Keller, the temperamental genius, has a sensitivity to match his taste buds. “You work all your life to reach a certain level, and why don’t people say ‘Congratulations!’? Does anyone say ‘Why does Alex Rodriguez get $25 million, or Tom Cruise?’ Why do people begrudge that? Look at Alain Ducasse. That broke my heart. Everyone says they love him, and then he comes to New York and they beat the shit out of him: ‘Come to New York and we’ll kick your ass.’ ”

Unlike Keller and Vongerichten, Kunz and Trotter had to come up with their own backing, and in the case of Kunz, it’s not hard to see where the money went. Café Gray’s kitchen has five walk-in refrigerators and freezers, two European “combis” (combination stoves that cook with both heat and steam), and cutting boards custom-made to fit each sink. “He likes to have everything nice, smooth, and clean, so it looks like nobody works here,” explains Alana Henning, his pastry sous-chef.

One afternoon last week, Kunz sat around a table with the full team of architects from David Rockwell’s office and contractors from Bronx Builders. “The fact of the matter is that this is my first project on my own and I want it to be right, and I should ask for it to be perfect,” he said. “We had issues. There were design issues that held back the project. If there are problems, I have the right to solve them—and we’re going to open these doors no matter what.”

Last week, during lunchtime, the fourth floor was practically deserted. At night, the scene is slightly more active, though at eight, only two of Masa’s ten sushi-bar seats are occupied, and by nine, the four tables have takers but the bar is still about half-full. Meanwhile, “the third floor is like a ghost town,” says an owner of one of the fourth-floor restaurants.

The most bustling spot in the evening is Stone Rose, which, according to sources in the building, is having a few problems that have to be dealt with. “What I can tell you is that it’s all cosmetic and totally normal upkeep for a bar,” says Andrew Wintner, Stone Rose’s special-events and promotions director. But how much work should a new bar need? The place is filled with young suits on cell phones, but not the types likely to spend hundreds per person on a meal.

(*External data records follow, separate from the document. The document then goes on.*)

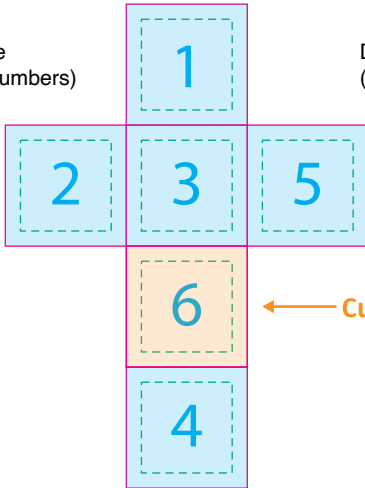

Legend	
<u>Edge</u>	<u>Margin</u>
Standard	Custom

D6 Template
(Blank, Square corners)

D6 Template
(Blank, rounded)

D6 Template
(Standard Numbers)

D6 Template
(Standard Pips)

← Customizable →

pandagm.com

D8 Dice Template (17mm high standard)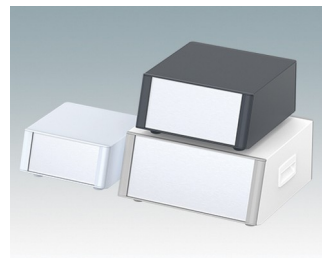

Äußerst attraktive Instrumentengehäuse

- Moderne Gehäuse für Tischanwendungen und den mobilen Einsatz in elf Standardgrößen alles mit Belüftung
- Modernes und einheitliches Design ohne sichtbare Befestigungsschrauben
- Druckguss-Front- und Rückrahmen schließen bündig mit dem Gehäusekorpus ab und sorgen für ein ebenmäßiges Design
- Steckbare Design-Blenden vorne verbergen die Befestigungsschrauben am Gehäuse und an der Front- und Rückplatte
- Alle Größen mit oder ohne Griffbügel oder ABS-Seitengriffen erhältlich (150 mm-Versionen)
- Drei Größen mit geneigter Bedienfront
- Die Bodenplatte verfügt über vier vormontierte M3-Leiterplattenmontagebolzen
- Internes Chassis vorgestanzt für die Montage von Einrast-Leiterplattenführungen (Zubehör) in 3, 5, 7 oder 9 Positionen
- Abnehmbare Rückplatte - versenkt zum Schutz von Anschlüssen, Schaltern etc.
- Eloxierte Frontplatte (Zubehör) - versenkt zum Schutz von Tastaturen, Bildschirmen etc.
- Alle Gehäuseplatten sind mit M4-Gewindebolzen zum Erdanschluss ausgestattet
- Vier ABS-Füße mit Anti-Rutsch-Pads im Lieferumfang enthalten.

Bestellen Sie Ihre eigene kundenspezifische Version. [Hier erfahren Sie mehr >>](#)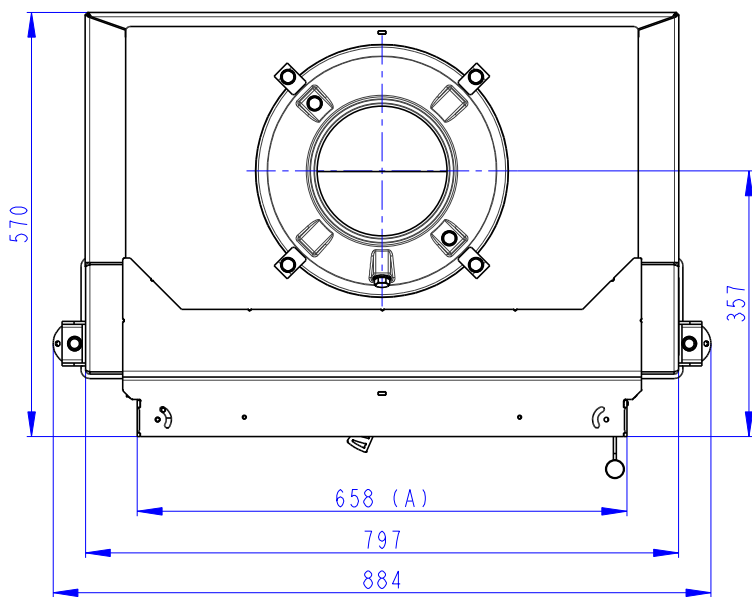

Rozměry v mm
 Maße in mm
 Dimensions in mm

Dynamic 3g 66.44.01
 + D3 KPL 180

240 kg

(A) Zastavbovy rozmer / Baumaße / In-built dimension
 (C) Centralni privod vzduchu / Central air inlet / Zentralluftzufuhr

Rozmery v mm
 Maße in mm
 Dimensions in mm

Dynamic 3g 66.44.01
 + D3 PR 200

234 kg

(A) Zastavbovy rozmer / Baumaße / In-built dimension
 (C) Centralni privod vzduchu / Central air inlet / Zentralluftzufuhr

Rozměry v mm
 Maße in mm
 Dimensions in mm

Dynamic 3g 66.44.01
 + D3 PR 200 + AKKUM KV 08B

540 kg

(A) Zastavbovy rozmer / Baumaße / In-built dimension
 (C) Centralni privod vzduchu / Central air inlet / Zentralluftzufuhr

Rozmery v mm
 Maße in mm
 Dimensions in mm

Dynamic 3g 66.44.01
 + D3 VY01

269 kg

(A) Zastavbovy rozmer / Baumaße / In-built dimension
 (C) Centralni privod vzduchu / Central air inlet / Zentralluftzufuhr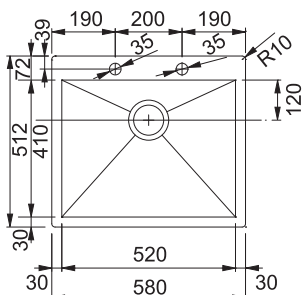

# Planar Nerez

01 02  
03 05  
06 07

**DŘEZ PRO HORNÍ MONTÁŽ  
S PLOCHÝM OKRAJEM  
NEBO DO ROVINY**

Spodní skříňka od 600 mm  
Rozměry 580 × 512 mm  
Výřez (Horní montáž) 560 × 492 mm  
Výřez (Montáž do roviny) Dle šablony  
(Šablona v elektronické podobě  
ke stažení na [www.franke.cz](http://www.franke.cz)  
v sekci Šablony a 3D modely)  
Dřez 520 × 410 × 200 mm

“The idea of an upscale food court is a new concept and a different kind of sell for New York,” says Paul Frumkin, editor-at-large for the weekly trade Nation’s Restaurant News. “It doesn’t speak to the way New Yorkers live and work and shop. But people outside of the city are seeing it as a destination.”

It’s hard to imagine how a $16 million restaurant could make a profit with sixteen tables and dinners that can last four hours. “It would have to do phenomenally well to recoup that outlay,” says Michael Batterberry, editor-in-chief of Food Arts.

At this point, the restaurants are loss leaders, adding cachet to the stores and to the condos upstairs, which have sold extremely well—one penthouse brought $40 million. “It’s smart strategy to bring an extraordinary group of restaurants together,” says Tim Zagat. “It would have been better if everything had come together a little earlier. It doesn’t matter if they make money as restaurants. Instead of being some property too far over on the West Side, suddenly you’re in fancyland.”

“This wasn’t done to sell ten more condos at a greater price per square foot,” insists Himmel. “The restaurants and bar are living up to our expectations. They’ve only been open a couple of months. It takes three to six months to go through a ramp-up period.”

“Vertical retail and restaurants together is an idea not natural to New York,” explains David Rockwell.

“Well,” says a smiling Vongerichten, “they call it vertical retail; I call it a mall.”